**Assigned task:**
Consider the listing below. Extract exactly the lines from the line containing "43-182_2024-03-31 ~ 2024-04-06 Tracking" to the line containing "42 min 14 sec", both included.

**Data listing:**
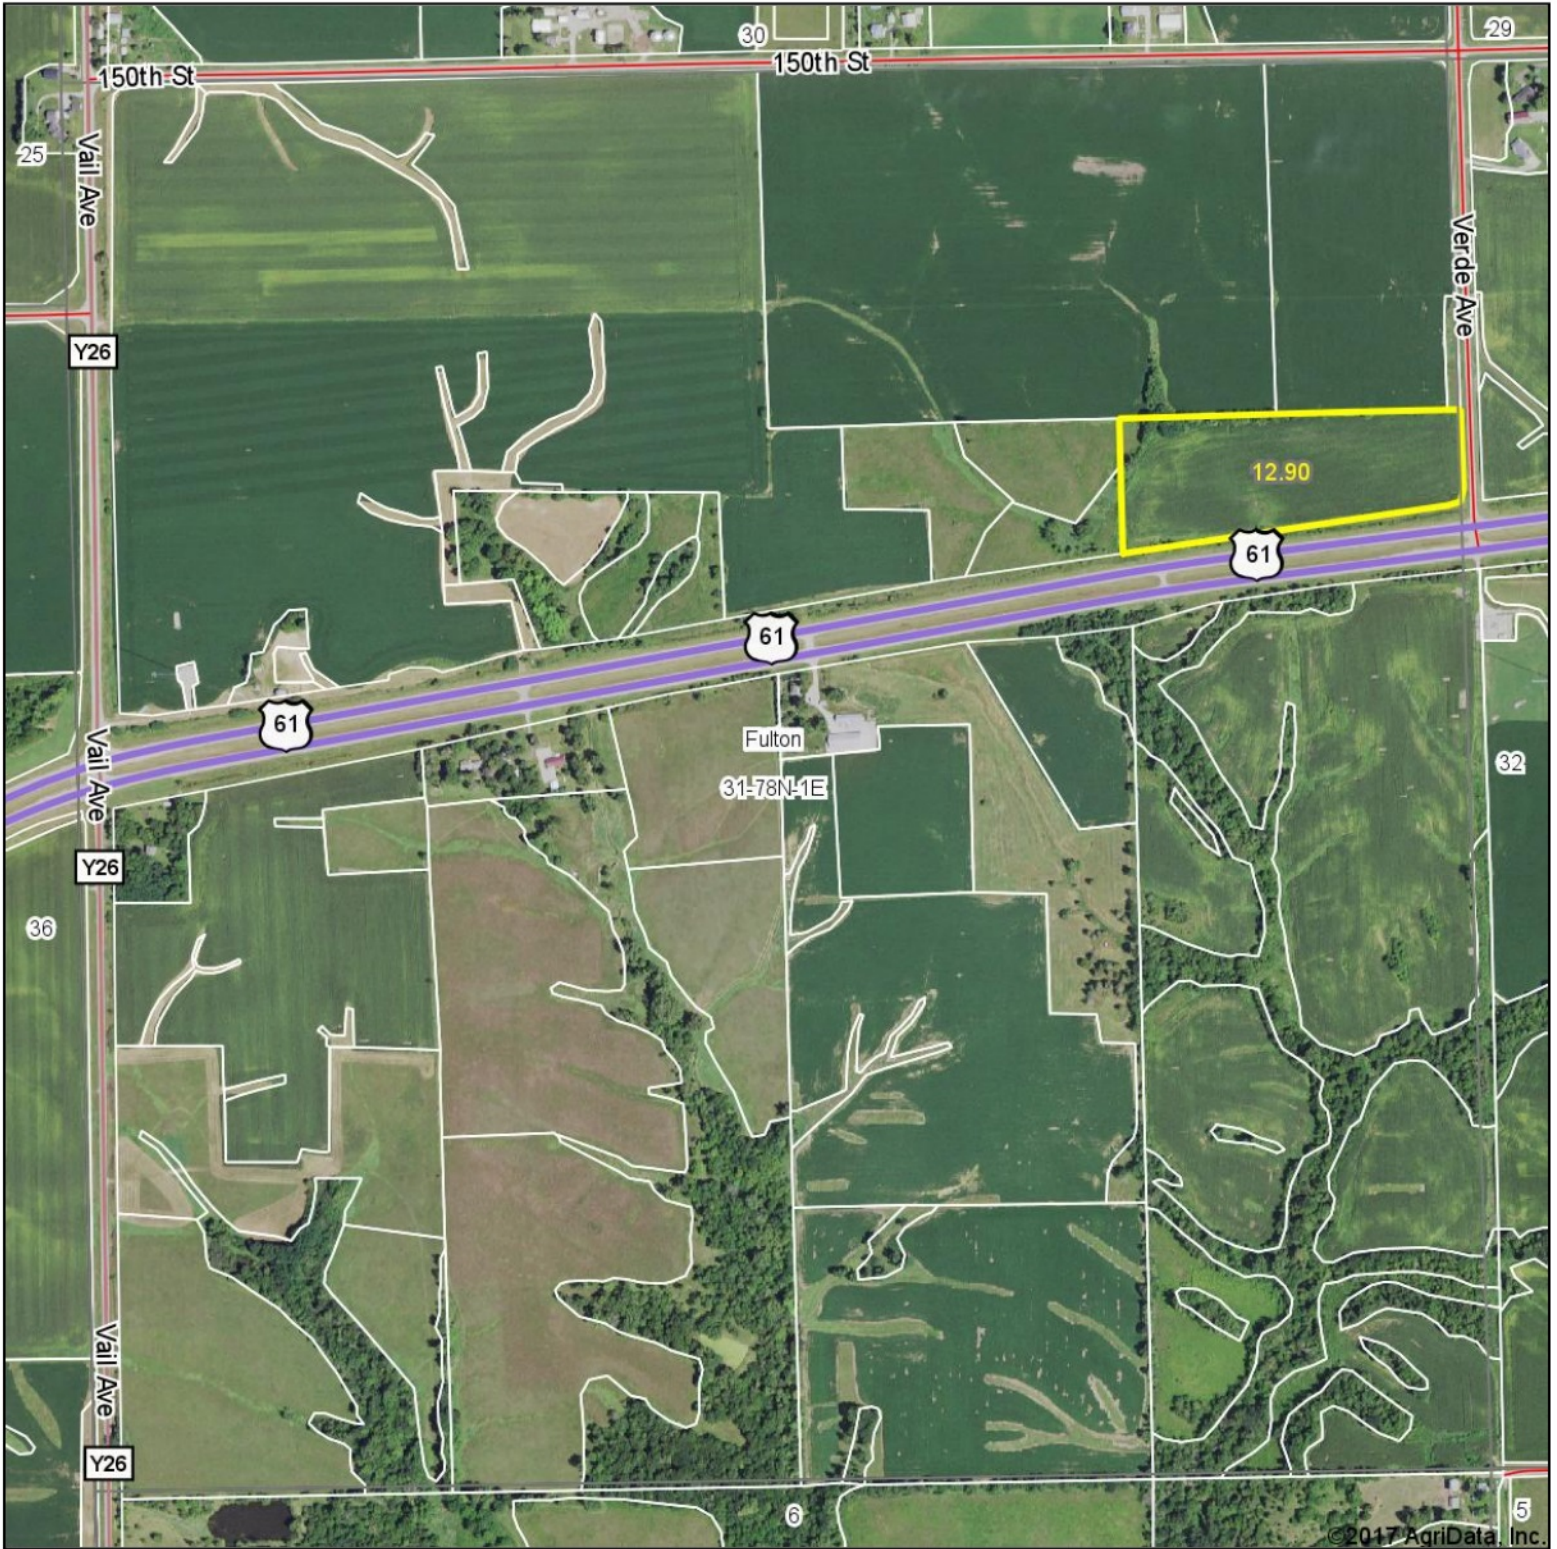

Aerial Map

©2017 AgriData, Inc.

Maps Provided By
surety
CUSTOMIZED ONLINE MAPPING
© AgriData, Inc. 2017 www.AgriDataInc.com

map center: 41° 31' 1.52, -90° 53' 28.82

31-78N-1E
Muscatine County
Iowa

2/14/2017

---

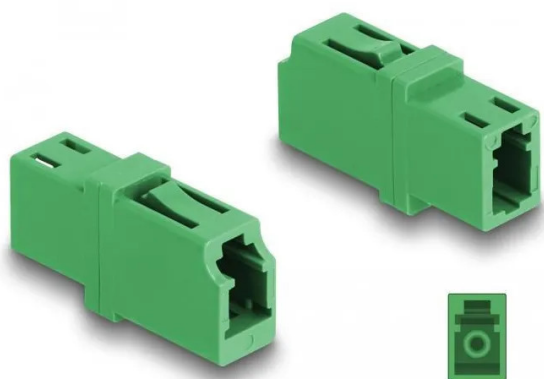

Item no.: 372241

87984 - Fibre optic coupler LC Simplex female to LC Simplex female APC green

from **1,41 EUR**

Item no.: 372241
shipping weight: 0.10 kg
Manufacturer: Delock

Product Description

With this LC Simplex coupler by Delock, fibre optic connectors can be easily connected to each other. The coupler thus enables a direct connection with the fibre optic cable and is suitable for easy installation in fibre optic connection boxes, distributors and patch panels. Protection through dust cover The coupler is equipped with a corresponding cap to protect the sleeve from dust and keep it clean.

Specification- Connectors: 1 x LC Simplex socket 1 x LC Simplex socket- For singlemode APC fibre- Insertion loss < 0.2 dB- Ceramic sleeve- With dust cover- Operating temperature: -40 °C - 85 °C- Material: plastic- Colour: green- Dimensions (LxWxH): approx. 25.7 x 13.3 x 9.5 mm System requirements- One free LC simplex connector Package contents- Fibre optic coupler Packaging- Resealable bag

...

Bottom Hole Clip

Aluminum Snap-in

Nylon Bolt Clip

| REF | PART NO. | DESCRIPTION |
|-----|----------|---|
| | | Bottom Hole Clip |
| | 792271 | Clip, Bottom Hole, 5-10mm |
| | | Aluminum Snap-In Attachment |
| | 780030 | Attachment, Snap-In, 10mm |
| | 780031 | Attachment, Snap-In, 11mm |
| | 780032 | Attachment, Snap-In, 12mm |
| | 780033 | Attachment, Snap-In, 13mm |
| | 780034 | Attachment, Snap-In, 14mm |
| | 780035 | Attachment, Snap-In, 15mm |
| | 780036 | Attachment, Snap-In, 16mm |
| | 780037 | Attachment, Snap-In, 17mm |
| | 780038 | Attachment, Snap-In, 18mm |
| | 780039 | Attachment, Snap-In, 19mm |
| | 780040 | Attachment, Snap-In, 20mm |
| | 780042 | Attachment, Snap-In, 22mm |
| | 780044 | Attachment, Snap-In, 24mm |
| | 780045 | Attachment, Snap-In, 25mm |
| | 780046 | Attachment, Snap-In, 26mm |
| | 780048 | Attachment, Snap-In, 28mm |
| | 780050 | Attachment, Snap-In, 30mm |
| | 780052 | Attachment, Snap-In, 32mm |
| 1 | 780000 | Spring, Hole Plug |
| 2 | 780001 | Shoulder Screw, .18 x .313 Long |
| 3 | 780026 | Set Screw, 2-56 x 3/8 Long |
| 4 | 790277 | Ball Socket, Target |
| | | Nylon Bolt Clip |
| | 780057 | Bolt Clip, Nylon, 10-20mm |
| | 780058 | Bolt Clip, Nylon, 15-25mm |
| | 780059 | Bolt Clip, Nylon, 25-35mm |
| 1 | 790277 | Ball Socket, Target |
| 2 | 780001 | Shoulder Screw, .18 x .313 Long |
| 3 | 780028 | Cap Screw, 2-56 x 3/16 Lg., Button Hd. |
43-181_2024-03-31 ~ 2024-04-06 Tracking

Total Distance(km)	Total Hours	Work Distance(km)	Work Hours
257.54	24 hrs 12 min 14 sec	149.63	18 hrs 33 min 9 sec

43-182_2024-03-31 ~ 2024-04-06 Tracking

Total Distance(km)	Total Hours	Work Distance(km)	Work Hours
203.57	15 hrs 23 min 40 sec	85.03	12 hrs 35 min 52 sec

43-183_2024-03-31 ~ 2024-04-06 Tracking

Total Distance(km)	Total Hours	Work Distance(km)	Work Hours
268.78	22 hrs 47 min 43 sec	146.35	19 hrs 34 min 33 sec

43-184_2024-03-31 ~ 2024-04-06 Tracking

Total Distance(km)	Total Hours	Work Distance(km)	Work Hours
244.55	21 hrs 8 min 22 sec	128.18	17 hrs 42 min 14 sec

**Exercise output:**
43-182_2024-03-31 ~ 2024-04-06 Tracking

Total Distance(km)	Total Hours	Work Distance(km)	Work Hours
203.57	15 hrs 23 min 40 sec	85.03	12 hrs 35 min 52 sec

43-183_2024-03-31 ~ 2024-04-06 Tracking

Total Distance(km)	Total Hours	Work Distance(km)	Work Hours
268.78	22 hrs 47 min 43 sec	146.35	19 hrs 34 min 33 sec

43-184_2024-03-31 ~ 2024-04-06 Tracking

Total Distance(km)	Total Hours	Work Distance(km)	Work Hours
244.55	21 hrs 8 min 22 sec	128.18	17 hrs 42 min 14 sec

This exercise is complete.